There are two elements of natural theology: 1. principles (common notions), whether implanted or acquired;26 and then 2. conclusions. Common notions are defended by Junius.27 This will be important because at no point are we to think that Junius has reservations about natural revelation as such. There is even greater clarity on this point with Mastricht. He lists a fourfold use and threefold abuse of natural theology that are both instructive.28 Further guidelines are given as to when natural theology should be used, and that in his treatment of Scripture.29 As if all of this was not enough, he offers four defenses of natural theology from: (i) Scripture; (ii) conscience; (iii) the consent of nations; (iv) experience.30 So there is no doubt that the two had a positive view toward natural theology in its pure form.
One key difference between the two forms here for Junius is modal: by nature and by grace. Another question of mode regards those two stages of natural theology: principles and inferences.31 Reformed Epistemology’s “objection to natural theology” has to do with theistic belief being properly basic.32 In other words, since it is rational to believe in God apart from any acts of discursive reasoning, natural theology is superfluous and the sensus divinitatis33 at the “principles” level is enough to account for Paul’s language in Romans 1:20. However, this was not the consensus of the Reformed Scholastics.
While the concept was already latent in the duplex cognitio Dei discussed by Calvin and his contemporaries, by the seventeenth century, the distinction between natural and supernatural theology was commonplace.34 This was also the case among the English Puritans.35
Bavinck took issue with the Reformed Scholastics who did this.36 In his mind, both forms were (a) supernatural and (b) of grace, in that God was the author of that revelation in nature as much as that in Scripture. Junius and Mastricht would both agree with that, but it was a matter of emphasis. Mastricht calls these two either “natural or revealed.”37
Why should one’s emphasis matter here? There are at least two potential equivocations that may occur. One is the notion that the natural is not by any kind of grace; and the other is that the latter has no natural connection to objects of the mind as a continuity of reality—e.g. Junius’s lack of clarity on whether natural theology can have any share in the genus of wisdom.38
DIFFERENTIA II: TRUE VERSUS FALSE
We begin with the essence of true theology. This is really another way of speaking of the whole of doctrine being in harmony with the “essential doctrines” of the faith. Here Junius does approach a kind of realism. There are those concepts that (1) are by nature and others (2) not by nature. Those objects of the mind which subsist by nature form a genus, and those not by nature are species. His example of the former is Justice, and of the latter, the just man.1 The universal is seen to be “more remarkable” than that which is concrete.2 Objects are then considered under two heads in re and in intellectu.3 Consequently nominalism is rejected since it sees abstract mental objects as purely and simply in the mind.
Keeping in view that his aforementioned concepts “by nature” are universals, he adds that the theology that is by nature (universal truths) can become corrupted “by admixing anything concrete.”4 So a theological system that has at its foundation truths that are about things more immaterial, eternal, immutable, and necessary is a system most true.
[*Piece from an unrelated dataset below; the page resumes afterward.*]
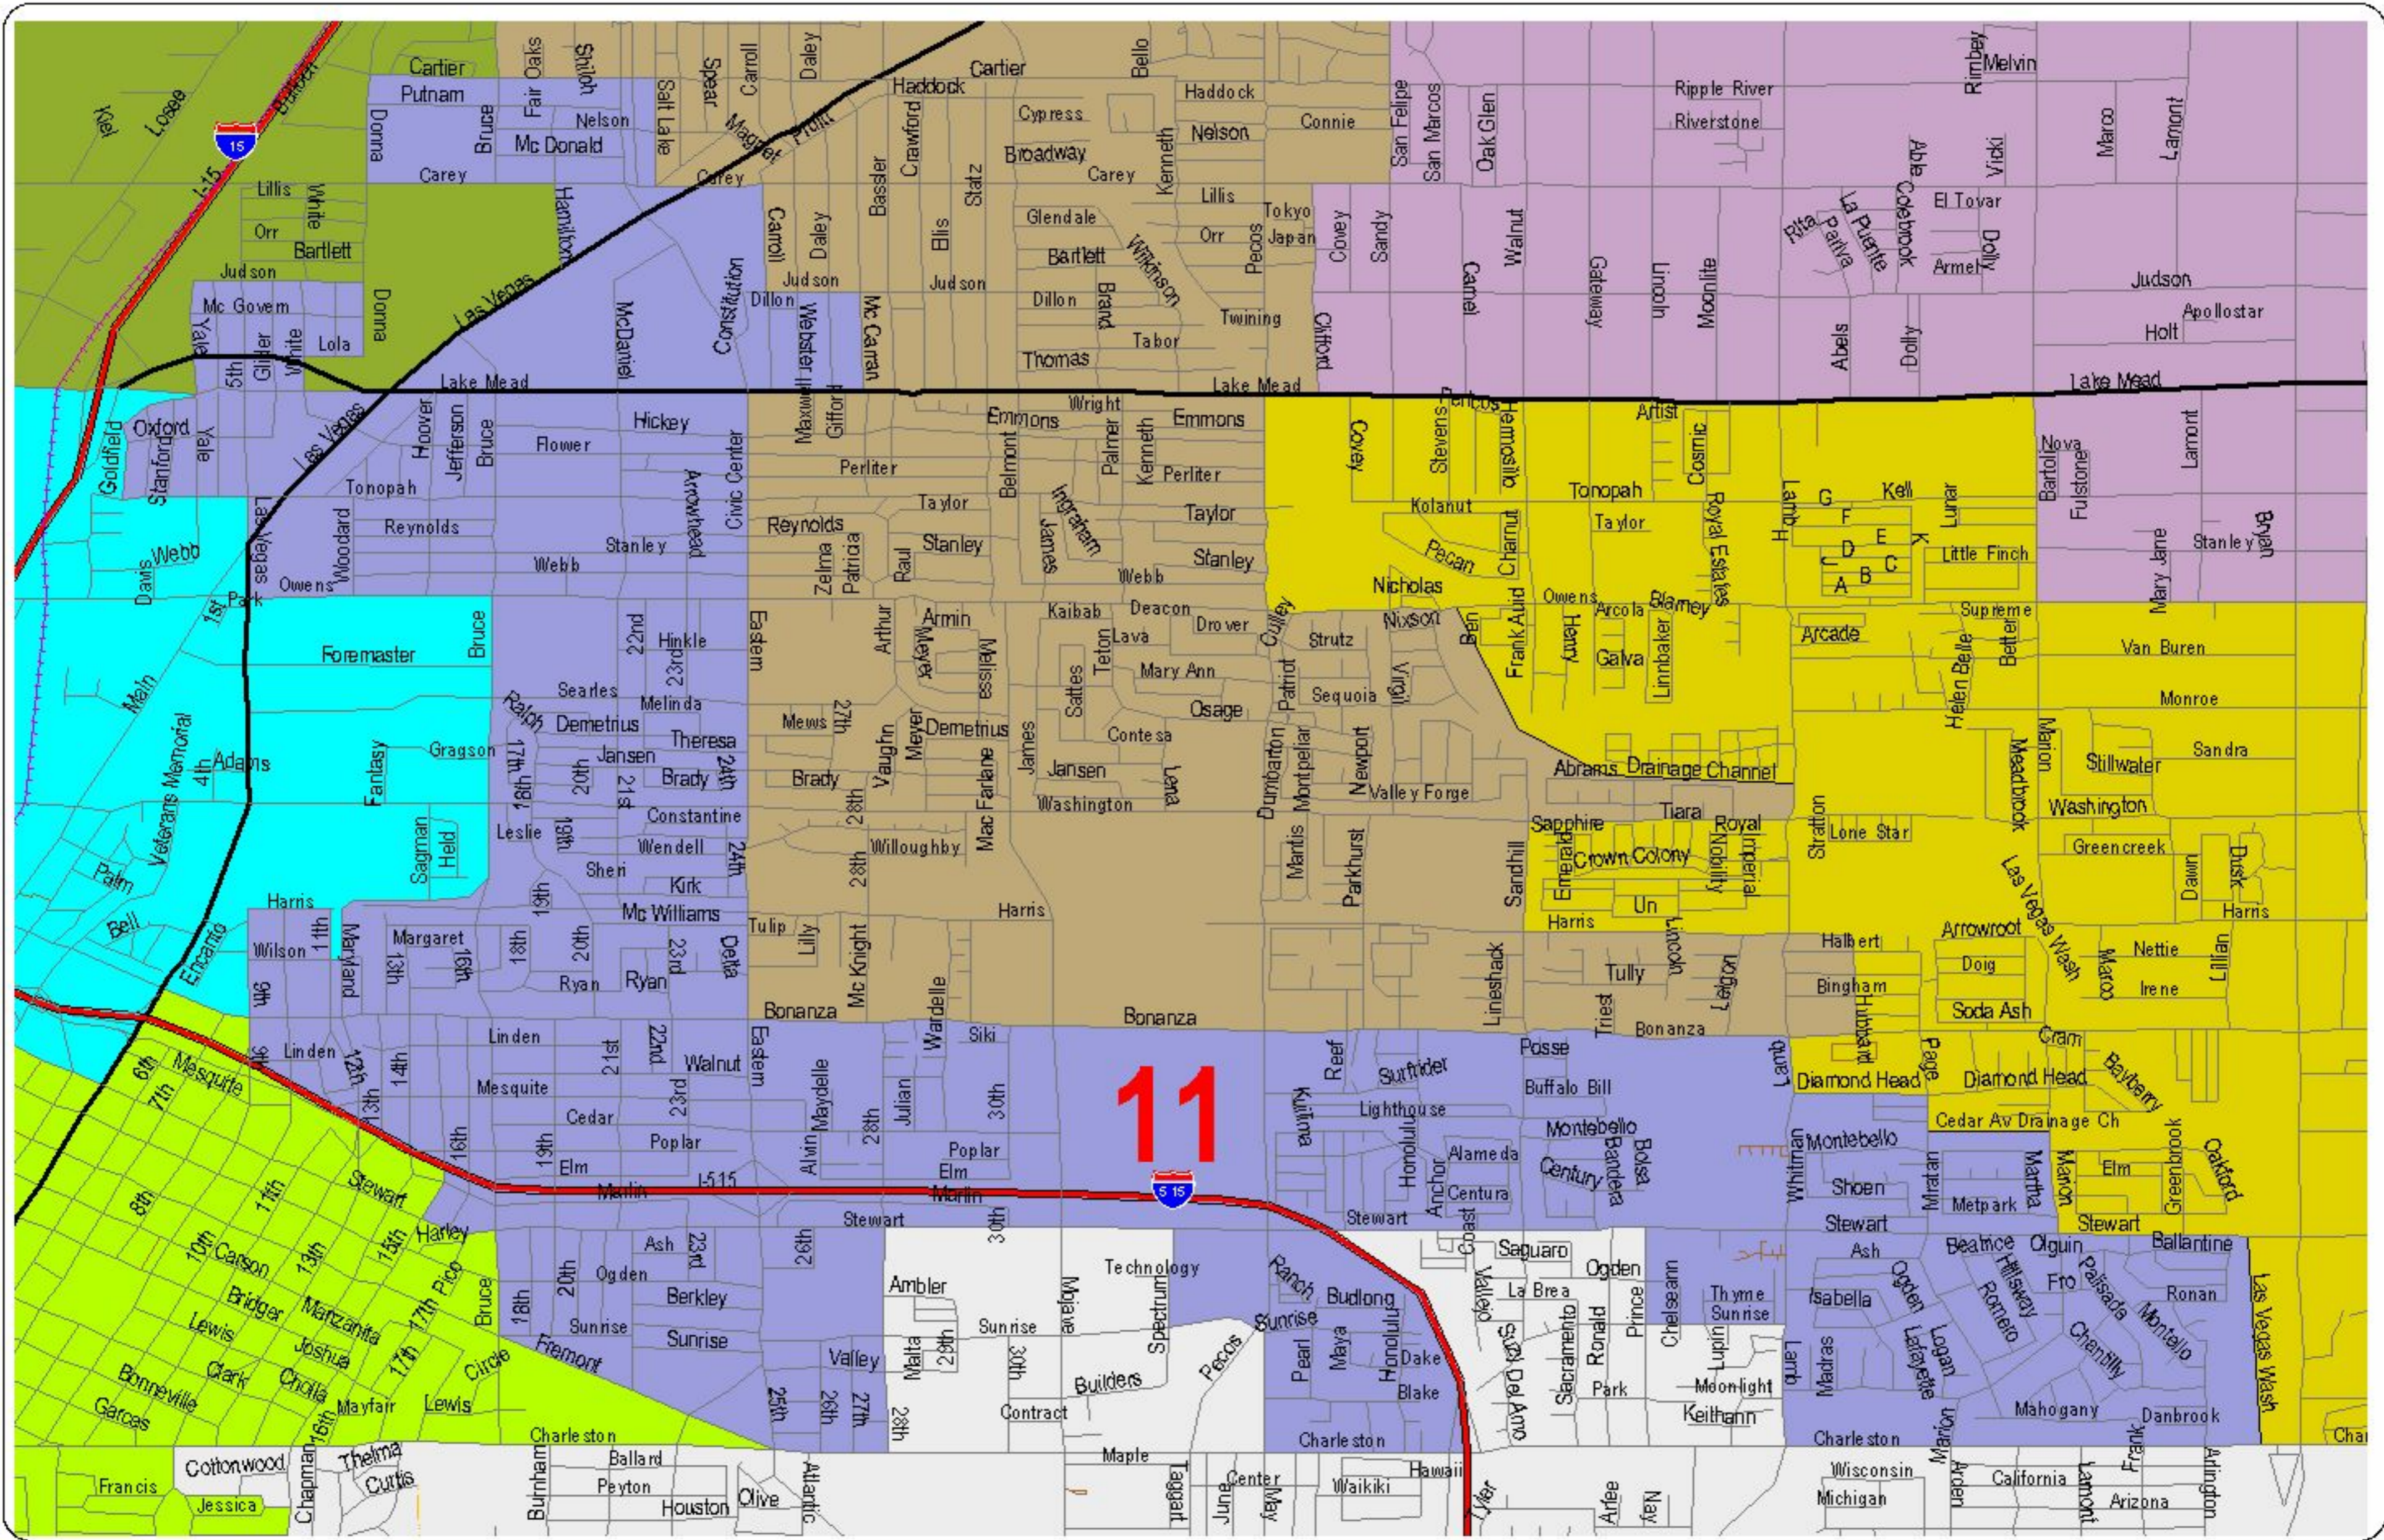

# Nevada State Assembly District 11

Districts are effective on October 1, 2013.

It is quite unfortunate that he was lean on examples of such essential doctrines, or examples of “concrete” deviations from them.
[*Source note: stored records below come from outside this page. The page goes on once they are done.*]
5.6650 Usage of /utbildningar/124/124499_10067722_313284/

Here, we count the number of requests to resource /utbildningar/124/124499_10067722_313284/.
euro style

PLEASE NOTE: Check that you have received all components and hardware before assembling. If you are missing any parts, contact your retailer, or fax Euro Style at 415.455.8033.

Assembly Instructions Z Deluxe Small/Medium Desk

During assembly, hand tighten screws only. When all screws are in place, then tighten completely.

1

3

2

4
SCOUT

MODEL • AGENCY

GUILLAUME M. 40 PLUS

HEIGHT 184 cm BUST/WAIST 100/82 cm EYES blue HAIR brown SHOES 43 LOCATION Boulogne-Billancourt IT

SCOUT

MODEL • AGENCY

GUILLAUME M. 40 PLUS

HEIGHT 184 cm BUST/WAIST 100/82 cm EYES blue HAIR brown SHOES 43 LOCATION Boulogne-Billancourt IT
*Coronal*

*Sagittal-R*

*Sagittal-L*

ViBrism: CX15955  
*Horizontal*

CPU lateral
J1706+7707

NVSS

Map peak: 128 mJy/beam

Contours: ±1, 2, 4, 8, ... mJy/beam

Then he comes as close as he can to speaking as if realism is essential to the integrity to the theological system: “And so this theology is one, eternal, and immutable. For that which is necessarily true, the same is necessarily one.”5 And elsewhere, “this theology has one essential form, wholly perfect, set forth perfectly as a whole, and the whole in itself and in all its parts constant and immutable.”6
Almost parenthetically Turretin uses the term archetypes in a way similar to the classical philosophers had spoken of “forms” or “essences,” or in other words, universals.7 It is true that his primary meaning is the same as in Junius. The archetypon is that “idea of all things out of himself” (formal cause of all things) and yet the divine decree (efficient cause of all things) issues forth into all other relationships comprising the ectypa in time. One implication of this is that any truth about lower things operating by proximate cause, is necessarily subordinate to that truth about ultimate things. The ultimate things of God have a priority as an essential.
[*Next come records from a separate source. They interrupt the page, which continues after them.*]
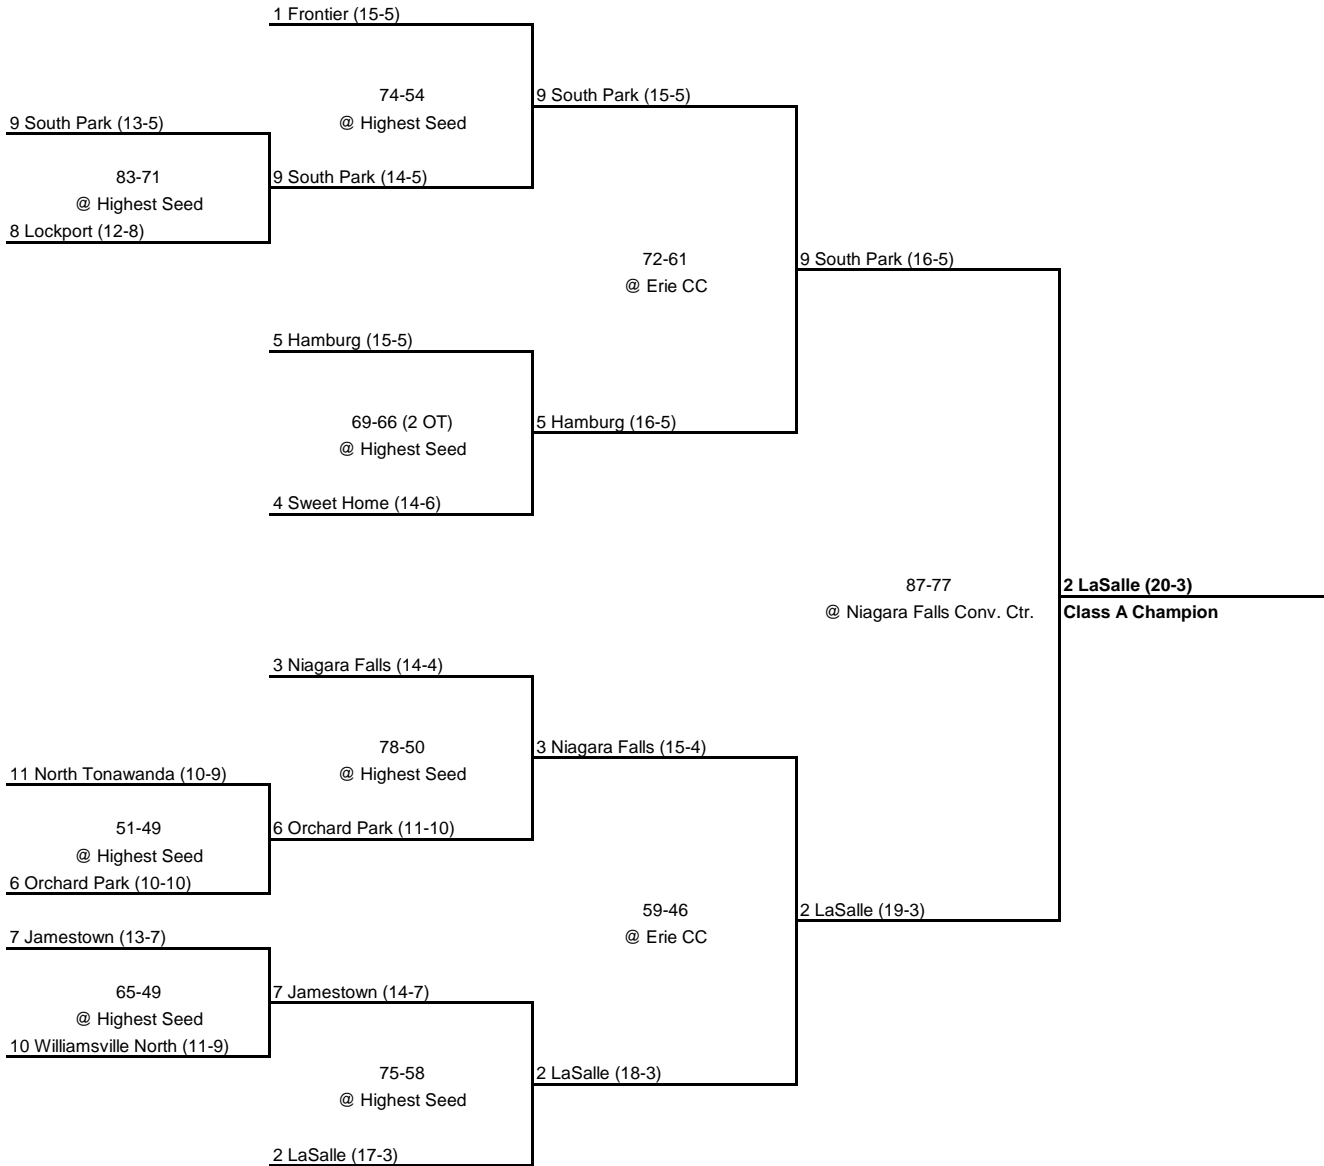


1990 Class A Championship

New York State Section VI

ROUND 1

QUARTERFINAL

SEMI FINAL

FINAL

1990 Class B1 Championship

New York State Section VI

When Turretin applies this to the whole system of theological truth, by “fundamental” he will mean essential; and by “essential” he will consequently mean something that is more theologically universal. This is how we must understand statements like this: that the “criteria for distinguishing fundamental and non-fundamental articles can be derived from the nature and condition of the doctrines themselves.”8
This may still seem like circular reasoning at first glance. However, he further distinguishes between two kinds of truths, both important, yet not equally central: “that they be primary and principal truths upon which all others are built as upon a foundation—and being removed, faith itself is overthrown; not secondarily and less principal, by the removal of which faith is only shaken.”9 Turretin says that a false theology is one in which “the greater part is false and the errors fundamental.”10
For Mastricht, it is implicitly Christ at the center. We discern this from his definition of theology that is living for God in Christ. But we also gather this when he discusses a false theology as any that has not Christ at its center. This falsity in essentials can happen in various ways. A false theology is so because it is “either ignorant of Christ or speaks falsely about him.”11 This forms a division of three kinds. In the first category are (1) barbarians, (2) modern Jews, and (3) Muslims. In the second category, in order of nearness to those unbelievers, there are (1) Socinians, (2) Anabaptists, and (3) Papists. Then finally there are “the schismatics, who usually end up in heresy,”12 among whom are the Lutherans and Arminians. Unfortunately, he does not elaborate on this “usually end up in heresy” tendency in any scientific way.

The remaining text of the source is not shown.